The next line is a bit complicated:
obj = obj+obj;
Normally, this is translated to obj.operator+( obj ), but you don't have operator + overloaded in class Base, so this translation is not valid. The remaining possibility is that operator + is actually the numeric add operator.
And yes, this is possible, since you have provided a cast to int. So it is possible to convert each term of the equation in an int... and therefore operator int is called twice. The actual number of times operator int is called depends on the optimizations activated. For example, the compiler could realise that both terms are the same, and then create a new temporary once the operator int has been called the first time. In that case, you would see CA instead of CC.
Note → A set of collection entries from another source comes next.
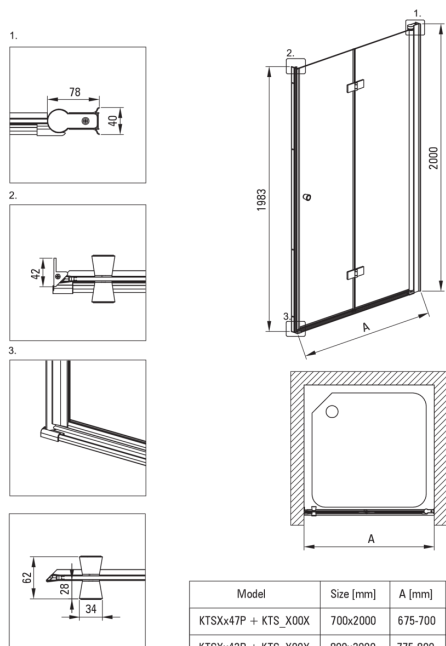

KERRIA PLUS

Shower doors, Kerria Plus system

Product code: KTSXN42P

EAN: 5908212087626

Color: nero

Warranty [years]: 2

Shower door

Width [mm]	800
Height [mm]	2000
Glass thickness [mm]	6
Glass finish	transparent
installation	to be completed with KTS doors, to be completed with KTS walk-in
Active cover	Yes

Showe cabin

Features:

- Important! For recessed installation, be sure to buy the appropriate KTS_N00X or KTS_000X profile
- Only the best materials, the quality of which has been confirmed by laboratory tests
- Safe and durable tempered glass
- Reversible door that allows the cabin to be mounted on the right or left side
- Possibility to install the cabin without a shower tray, directly on the tiles
- Hydrophobic Active-Cover coating that makes it easier for water to run off the glass
- Covering of assembly elements
- Precise door closing through lifting hinges
- Modern handles with glass protection
- TOTALWHITE transparent glass
- Profiles leveling the curvature of the walls
- Hinges in the plane of the glass
- Dedicated cleaning agent, safe for cleaned surfaces
- Resistance to impacts, chemicals and stains in accordance with PN-EN 14428+A1:2008 norm, confirmed by tests of the Institute of Ceramics and Building Materials
- Dedicated to Active Cover surfaces

Model	Size [mm]	A [mm]
KTSXx47P + KTS_X00X	700x2000	675-700
KTSXx42P + KTS_X00X	800x2000	775-800
KTSXx41P + KTS_X00X	900x2000	875-900
KTSXx43P + KTS_X00X	1000x2000	975-1000
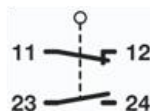

LF20CA / LF30CA

LF20CAE
LF30CAE

LF20CAI
LF30CAI

LF20CA / LF30CA

NAFSA ER30/C
DC: 24, 110, 190 V
AC: 230 V

MANUAL

REMOTE

OMRON D4N-4132
1 NC, 1 NO

NAFSA ER30/C
DC: 24, 110, 190 V
AC: 230 V

MANUAL

REMOTE

LF20CA / LF30CA

OMRON D4N-412G
1 NC, 1 NO

NAFSA ERC45-50/XX/C
DC: 24, 48, 63, 190 V
AC: 230 V

BERNSTEIN C2-U1Z
1 NC, 1 NO

OMRON D4N-412G
1 NC, 1 NO
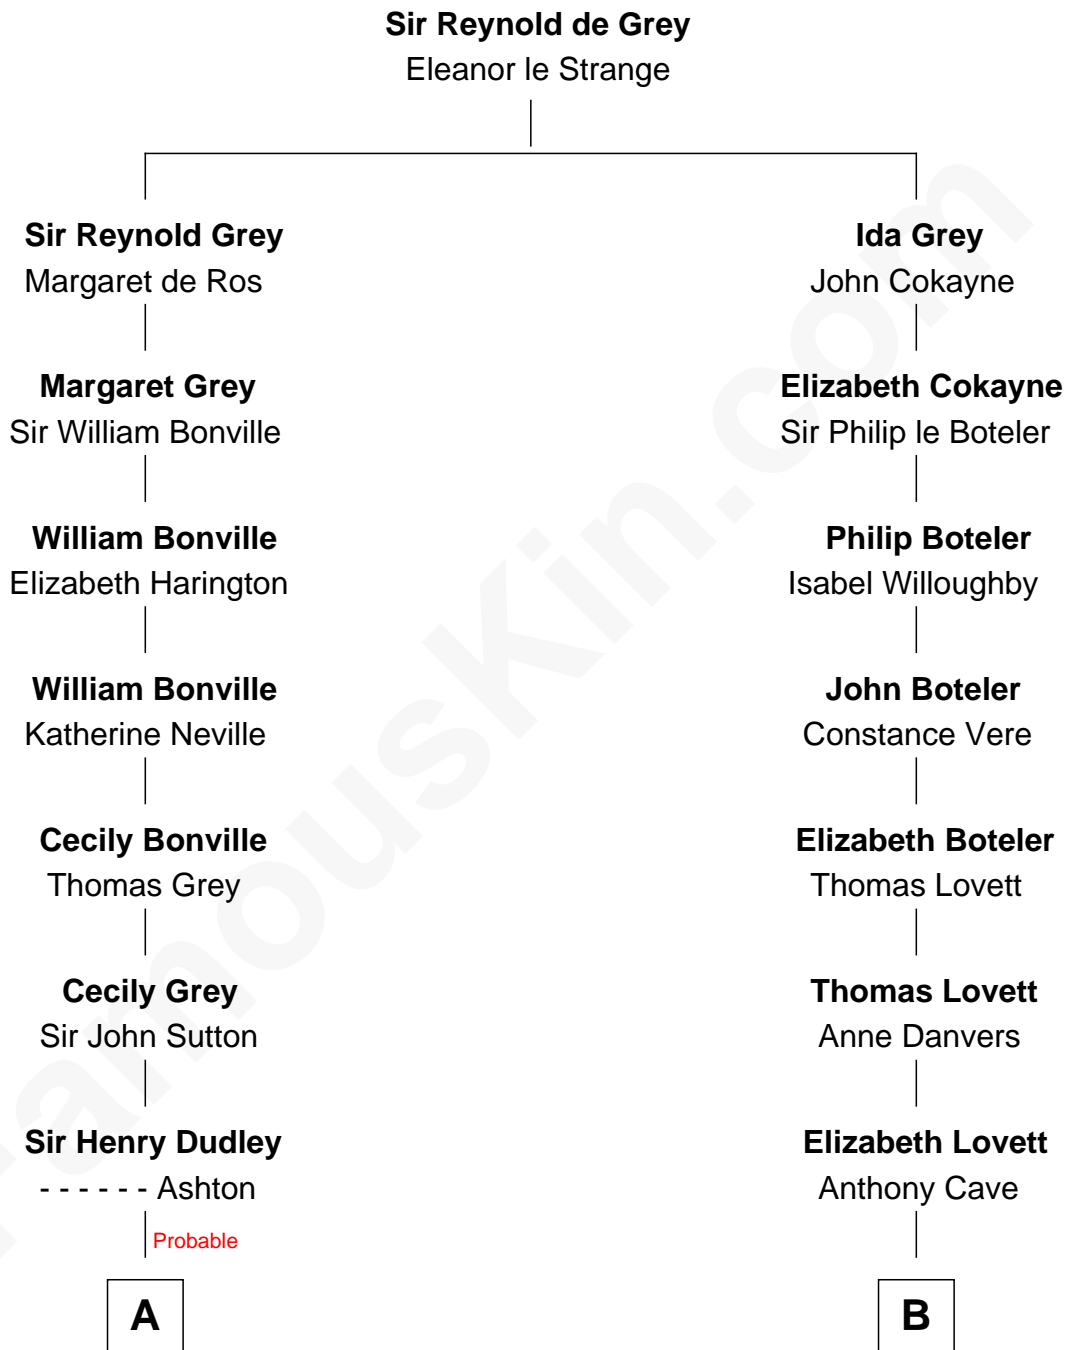

FamousKin.com
Relationship Chart of
Oliver Wendell Holmes, Sr.
American "Fireside" Poet

15th cousin 5 times removed of

Tuesday Weld

TV and Movie Actress

C

Eloise Rodman
Stephen Minot Weld

Edward Motley Weld
Sarah Lothrop King

Lothrop Motley Weld
Yosene Balfour Ker

Tuesday Weld
TV and Movie Actress

FamousKin.com
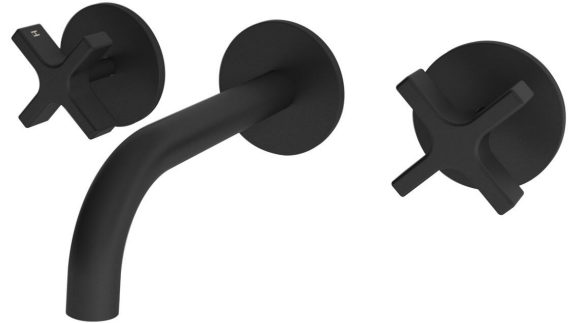

Milli

Milli Exo Wall Bath Set Matte Black

2299070

SPECIFICATIONS

Recommended Use	Domestic, Hotel & Commercial
Colour	Matte Black
Finish	Matte
Body Material	Electroplated Brass
Recommended Pressure Range	150 - 500 kPa
Maximum Continuous Working Temperature	80 deg C
Suitable for Storage Tank Hot Water	Yes
Suitable for Continuous Flow Hot Water	Yes
Suitable for Gravity Feed Hot Water	No

WARRANTY

Warranty - Domestic Use	15 Years
Spare Parts & Labour	5 Years

Please refer to Warranty Page for full Terms and Conditions

Dimensions are nominal measurements only.

CLEANING RECOMMENDATIONS:

We recommend the use of soapy water or approved cleaners. This product should not be cleaned with abrasive materials. Damage caused by any improper treatment is not covered by the product warranty. Refer to Warranty Conditions

Disclaimer: Products in this specification manual must by regulation be installed by licensed and registered trade people. The manufacturer/distributor reserves the right to vary specifications or delete models from their range without prior notification. Dimensions are nominal measurements only. Dimensions and set-outs listed are correct at time of publication however the manufacturer/distributor takes no responsibility for printing errors.

Published 30/09/2022

To see the complete Milli range go to
www.reece.com.au

WaterMark
AS/NZS 3718
WMKA01455

Finally, the assignment expression obj.operator=( temp ) is executed. And here the keyword is temp. In order for the default operator= to work, since it is not overloaded, you have to have a Base object at the right. It is actually possible to have it, since Base uses an int to build new instances. Okay, so the result of obj + obj was an int (say it is called 'x') number, and the compiler creates a temporary object of class Base which is constructed with number x, as the following line was executed:
Base temp( x );
That's the way the final letter seen is an 'A'. Again, many compilers can avoid the building of temporaries on some cases, so it is possible not to see an 'A' at the end.
Note that this line:
obj = obj + obj
Was thus decomposed in:
int x = ( (int) obj ) + ( (int) obj );
Base temp( x );
obj = temp;
The final instruction has the result of as if the memory in which obj sits will be occupied with the contents of temp (that's the role of the default copy constructor, which executes operator= for each member of the class, see again the 'rule of three').
Operator overloading involves a lot of issues that maybe are not foreseen if you don't have a more or less deep knowledge of the language, as you can see. Take also into account that languages like Java totally prevent its use, while C# permits it from a controlled perspective.
You refer to obj twice in the expression obj+obj and each such reference has to be converted to an integer.
It's not impossible (although it is a horrible idea) that such a conversion could be "stateful" - that is, it could by design return a different value each time it is called. After all, the value represented by obj may change (it could be a counter or something like that). So the compiler has to evaluate it afresh for each reference.
It's call once per operand, it doesn't matter if it is the same instance.
obj = obj+obj;
It "casts" the first operand to an int, and then the second one.
You need to overload the operator + if you want to avoid this implicit cast.
It calls operator int() twice because it needs to convert both obj to int before it can add them.
The first A comes from
Base obj;
The two Cs come from converting obj in obj+obj to int as you didn't overload the operator +.
The last A comes from obj = conversion of the resulting int to obj.